Good luck, a bad day fishing is always better than a good day working


----------



## Jackin' 'Em Up (Dec 31, 2013)

Hiltz4 said:


> I got the wife to agree on mid-may. This will give a little more time for the water temp to warm up.


Be careful of guys and gals fishing for Cobia. I have been cursed out because I have hooked a king and a Cobia pops up and I am "in the way" while I am already hooked up


----------



## DLo (Oct 2, 2007)

It should be late this year because of the colder than normal temps, but I'm hoping that gets us a more concentrated migration instead of the nickle and dime runs we've had the past couple years.


----------



## bit wright (Feb 27, 2013)

I was out yesterday (Monday) and the water temp was 59.8 F. I'm only guessing but I think we will have 70+ before the end of March.


----------



## Hiltz4 (Jan 13, 2014)

Thanks for the info, I'm already getting my gear gathered up, that's always a very enjoyable part of the trip. I do love the pier fishing and have found that since I've gotten older I understand no one "owns" the end of the pier and I will get in there like everyone else. But, if it's too crazy, I'll go sit on the beach.

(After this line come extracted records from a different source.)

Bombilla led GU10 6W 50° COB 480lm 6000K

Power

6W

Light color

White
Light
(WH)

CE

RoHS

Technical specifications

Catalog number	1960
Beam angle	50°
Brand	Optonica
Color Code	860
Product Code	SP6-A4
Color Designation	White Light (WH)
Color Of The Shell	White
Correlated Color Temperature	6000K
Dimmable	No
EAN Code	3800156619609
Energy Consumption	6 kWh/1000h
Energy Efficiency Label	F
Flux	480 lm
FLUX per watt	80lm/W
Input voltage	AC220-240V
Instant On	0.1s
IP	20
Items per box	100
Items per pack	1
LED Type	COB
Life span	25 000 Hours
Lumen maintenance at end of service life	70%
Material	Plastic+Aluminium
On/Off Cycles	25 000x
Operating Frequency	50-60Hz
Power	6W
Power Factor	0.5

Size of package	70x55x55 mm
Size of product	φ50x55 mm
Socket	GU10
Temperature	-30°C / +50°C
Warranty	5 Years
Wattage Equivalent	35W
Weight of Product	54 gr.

I've never fished for pomp before, may have to give it a try this year.


----------



## Hiltz4 (Jan 13, 2014)

bit wright said:


> I was out yesterday (Monday) and the water temp was 59.8 F. I'm only guessing but I think we will have 70+ before the end of March.

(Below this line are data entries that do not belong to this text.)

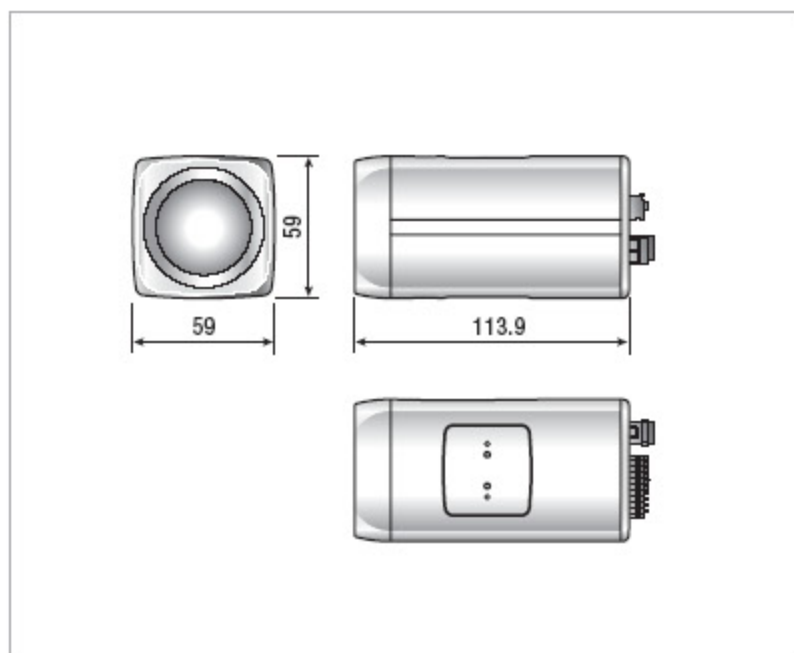

## Dimensions (unit:mm)

## Specifications

Model		SCC-C4237	
Camera Type	Color/BW	Color	
Image	Device	1/4" Super HAD IT CCD	
	Pixels	Effective 768 x 494 (NTSC) / 752 x 582 (PAL)	
Resolution	Horizontal	600 (Color) TV Lines	
Min. Scene Illumination	Color	Sens-up Off	0.6Lux(15IRE), 1.2Lux(30IRE), 2Lux(50IRE)
		Sens up 512x	0.001Lux(15IRE) , 0.002Lux(30IRE), 0.004Lux(50IRE)
	B/W	Sens-up Off	0.06Lux(15IRE), 0.12Lux(30IRE), 0.2Lux(50IRE)
		Sens up 512x	0.0001Lux(15IRE), 0.0002Lux(30IRE), 0.0004Lux(50IRE)
Functions	Number of Privacy Zone	12 ea	
	Day/Night	Auto / Day / Night(ICR)	
	Motion Detection	Yes, Sensitivity 1~7 Level	
	D-Zoom	Yes(~16x)	
	High Speed Shutter	1/100~1/10K sec	
	Sens Up / PIP / BLC	Yes(2x ~ 512x) / Yes / Off/On	
	AGC	Off/On (Very Low / Low / Mid / High / Very High / User / Fix)	
	Auto Focus	Manual / Auto / one AF	
	Synchronization	Internal	
	Camera ID	Max 54 Character, 2 Line	
	XDR (eXtended Dynamic Range)	Off/On (Low/Middle/High)	
	DNR (Digital Noise Reduction)	Off / On (Low / Middle / High / User(3D/2D))	
	Schedule	Day / Time Schedule	
White Balance	ATW1 / ATW2 / AWC(Manual) / 3200 / 5600		
Video Output	VBS 1.0Vp-p	VBS 1.0Vp-p	
S/N Ratio	S/N Ratio	52 dB	
Lens	Focal Length	3.4 ~ 115.6mm	
	Min. Object Distance	100cm	
	Zoom Ratio	34x Optical (544x with 16x Digital zoom)	
	Aperture Ratio	F1.65(W)/F3.7(T)	
	Viewing Angle	Tele	1.77°(H) x 1.33°(V)
		Wide	57.58°(H) x 44.44°(V)
	Lens Drive Type	DC Auto Iris	
	Mount Type	Board-in type	
OSD	OSD	Yes	
Alarm	Output	1ea	
Remote Control		RS485, CCVC	
Environmental Conditions	Operating Temperature	-10°C ~ +50°C	
	Operating Humidity	Less than 90%	
Power	Power Requirement	DC12V	
	LED Indicator	Yes	
Physical Specification	Dimensions (WxHxD)	59x 59x 113.9mm	
	Weight	383g	
	Color	Silver

Thanks for the report. I've already pushed our trip to first week of may but will kicking myself when you guys are tearing them up down there in April. But the wife and I will also enjoy the warmer days and water to swim in. 

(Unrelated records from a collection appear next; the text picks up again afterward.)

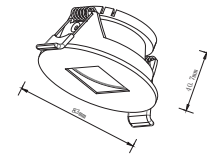

Surface Fitting GU10

Model No: VT-804-W	Color: White
SKU: 8946	Dimension: Ø59.5×197mm
Base: GU10	Cutting Size: N/A
Material: Aluminium	Box Qty: 20 Pcs

Surface Fitting GU10

Model No: VT-804-B	Color: Black
SKU: 8947	Dimension: Ø59.5×197mm
Base: GU10	Cutting Size: N/A
Material: Aluminium	Box Qty: 20 Pcs

Surface Fitting GU10

Model No: VT-807-W	Color: White
SKU: 8948	Dimension: 60×100mm
Base: GU10	Cutting Size: N/A
Material: Aluminium	Box Qty: 50 Pcs

Surface Fitting GU10

Model No: VT-807-B	Color: Black
SKU: 8949	Dimension: 60×100mm
Base: GU10	Cutting Size: N/A
Material: Aluminium	Box Qty: 50 Pcs

Fitting Square-GU10

Model No: VT-883-WB	Color: White + Black Reflector
SKU: 8597	Dimension: 83×40.7mm
Base: GU10	Cutting Size: 75×75mm
Material: Aluminium + PC	Box Qty: 50

Fitting Square-GU10

Model No: VT-883-B	Color: Black
SKU: 8598	Dimension: 83×40.7mm
Base: GU10	Cutting Size: 75×75mm
Material: Aluminium + PC	Box Qty: 50
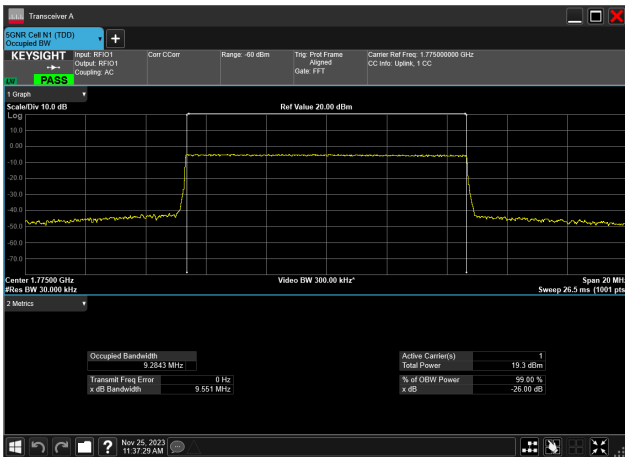

10MHz_15kHz_1775MHz_CP-OFDM QPSK_RB52@0
9.284 MHz

I did find a good site for the water temp but also like to hear from those who are actually there. http://www.water-temperature.com/destin-fl


----------



## 9/0 (Feb 16, 2014)

I'm predicting a 100 fish day in the last week of April.


----------



## Coastal Cowboy (Feb 12, 2012)

I've caught two kings, one last year, and one the year before. Both were caught later in the season. That is not saying that ther aren't there earlier, just what I've caught. Good luck.


----------



## Chapman5011 (Mar 7, 2013)

Kings and most of the other fish we like to catch follow bait fish. 
The bait will start showing up more, the closer we get to 70 water temp.


----------



## reelthrill (Oct 3, 2007)

Years ago you could count on the big kings showing up the first week of May. In the past few years the big kings have shown up considerably earlier than that. (Could be due to the warmer winters). As cold of winter as we had this year, I would say the last week of April or first week of May should be good.


----------



## WisconsinFisherman (Oct 24, 2011)

Man, you guys hurting my feelings talking about end of April first week of May. Im gonna be there May 10th-17th.  Never caught a King or Cobia. Sure would like to.


----------



## 9/0 (Feb 16, 2014)

The Kings will be there that week. You will have a good chance on one but a cobia is another story.


----------



## reelthrill (Oct 3, 2007)

WisconsinFisherman said:


> Man, you guys hurting my feelings talking about end of April first week of May. Im gonna be there May 10th-17th.  Never caught a King or Cobia. Sure would like to.


May 10th - 17th could be a very good week. Smaller school kings start showing up, spanish, and a few stray cobia.


----------